The City Council discussed during its meeting Tuesday evening an ordinance that would limit the amount of nighttime noise around Boulder City.

After debating for about 30 minutes, council members decided to hold off on a vote until details were ironed out, including penalties for violators and those exempt from the potential ordinance.

This was the first major attempt to update the city’s current noise code, which has been in place since 1960.

Because of the ambiguity and several unanswered questions within its context, the council decided that the new ordinance needed more clarification before bringing the code up to date.

A major influence on the new ordinance was the growth of the downtown district throughout the past decade, city officials said.

As businesses brought in music and other live entertainment, city officials said they’ve received numerous complaints about the noise.

“This has caused problems for some of the residents who live on the outskirts of the downtown area,” City Attorney Dave Olsen said.

“The police department has spent a lot of time dealing with these noise complaints.”
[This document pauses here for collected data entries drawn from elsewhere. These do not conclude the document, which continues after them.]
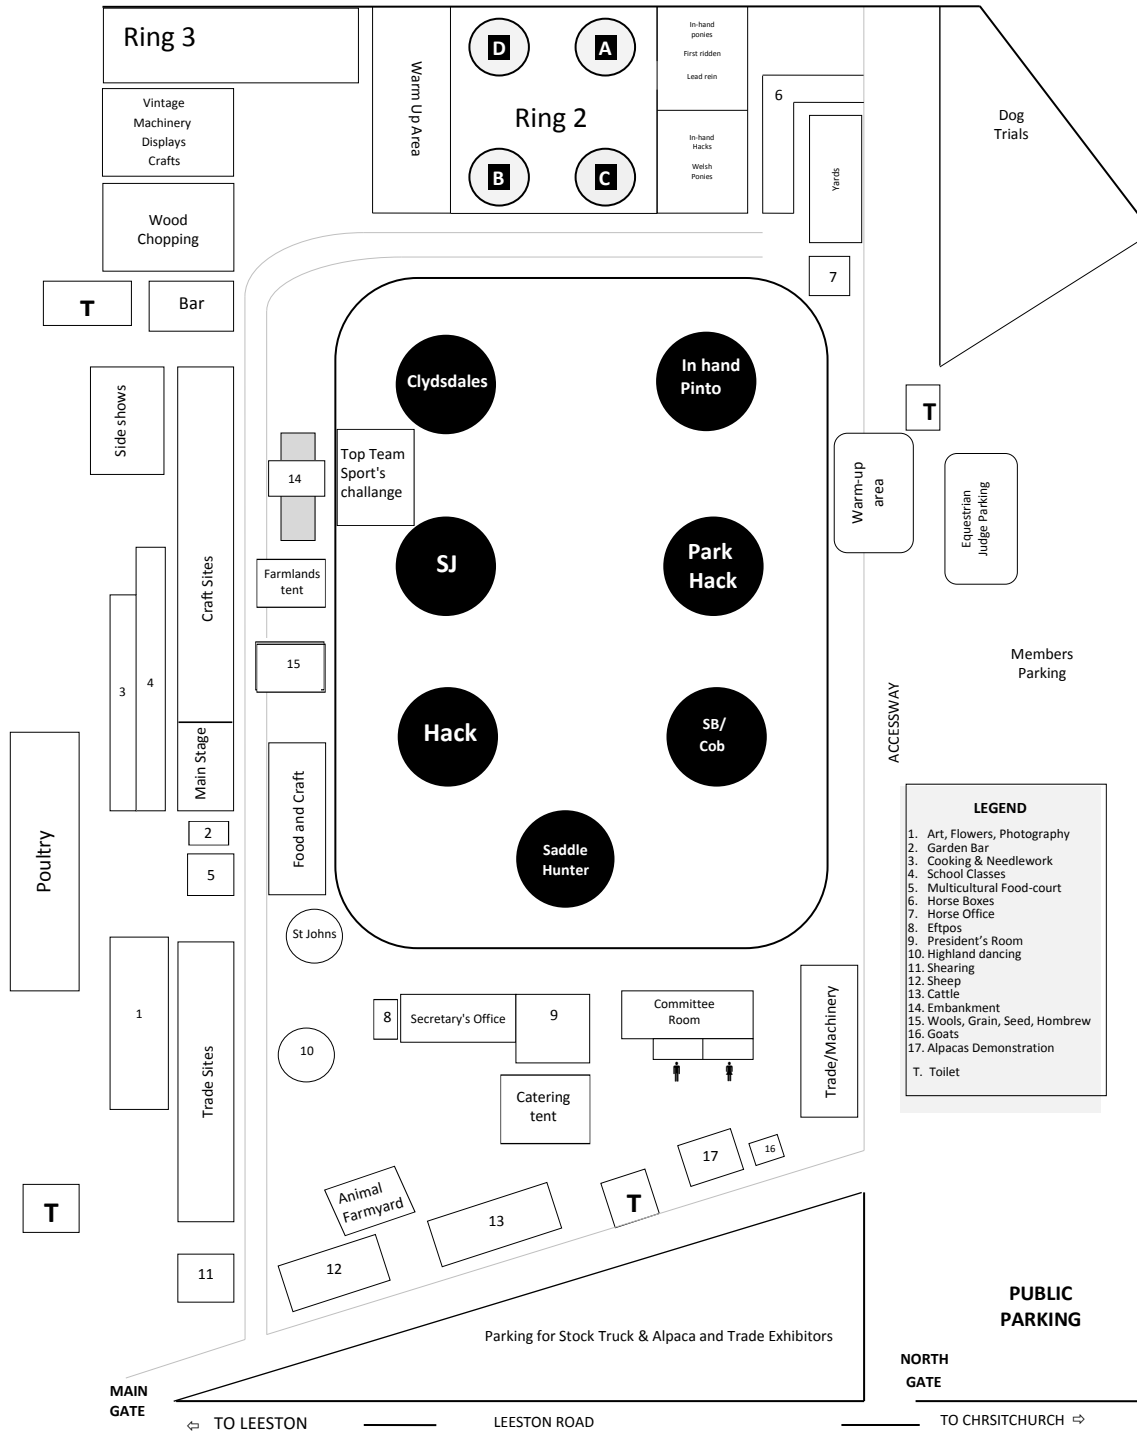

ELLESMERE A & P SHOWGROUNDS

- LEGEND**
- 1. Art, Flowers, Photography
 - 2. Garden Bar
 - 3. Cooking & Needlework
 - 4. School Classes
 - 5. Multicultural Food-court
 - 6. Horse Boxes
 - 7. Horse Office
 - 8. Eftpos
 - 9. President's Room
 - 10. Highland dancing
 - 11. Shearing
 - 12. Sheep
 - 13. Cattle
 - 14. Embankment
 - 15. Wools, Grain, Seed, Hombrew
 - 16. Goats
 - 17. Alpacas Demonstration
 - T. Toilet

The proposed ordinance prohibits “unreasonable noise” from 7 p.m. to 7 a.m., and also prohibits the use of any sound amplification device from a residential or public property that can be heard from at least 75 feet away from 7 p.m. to 7 a.m. Sunday through Thursday.

However, the beginning hour would be extended to 10 p.m. on Fridays and Saturdays.

“It talks about residential property and public property, but it doesn’t talk about commercial property. I think that’s one of the major things we’re concerned about,” Councilman Rod Woodbury said.

“One of my concerns is that we’re not covering all the properties that we need to cover.”

Councilwoman Peggy Leavitt said she wanted consistent penalties for violators, instead of the punishable fine of up to $1,000 and the maximum six months in jail for the misdemeanor.

She said she preferred an incremental fine system that would help get the message across to those who intentionally ignore the rules.

“One of the things I’ve been told is that they (violators) don’t really care what the fine is, because they’re making money by having that band there. It’s easier for them to pay that fine than to turn the noise down,” she said.

Mayor Roger Tobler said although he’s concerned about the noise complaints downtown, he still receives calls about loud noises coming from the Boulder City Municipal Airport.

He inquired about how the city planned to tackle that issue when Community Development Director Brok Armantrout said the city had already brought in an aviation attorney to look at the proposed ordinance.

“There are federal exemptions,” Armantrout said about the airport’s rules. “That doesn’t mean we can’t impose noise regulations on the airport, but there are federal requirements we have to follow to enact an ordinance specifically for noise on airports.”

The council will discuss further action during its next meeting on Jan. 13.

■ In other news, Tobler announced that the Regional Transportation Commission was scheduled to select a contractor for its portion of the Interstate 11 project during a meeting this morning in Las Vegas.

■ Gerianne Hansen was awarded the city’s Employee of the Year Award. Former Mayor Bob Ferraro was awarded the 15th annual Bill Andrews Award, and Sophia Muelrath and Eliza McNally won awards for their pictures during the city’s Christmas Tree Recycling Program contest.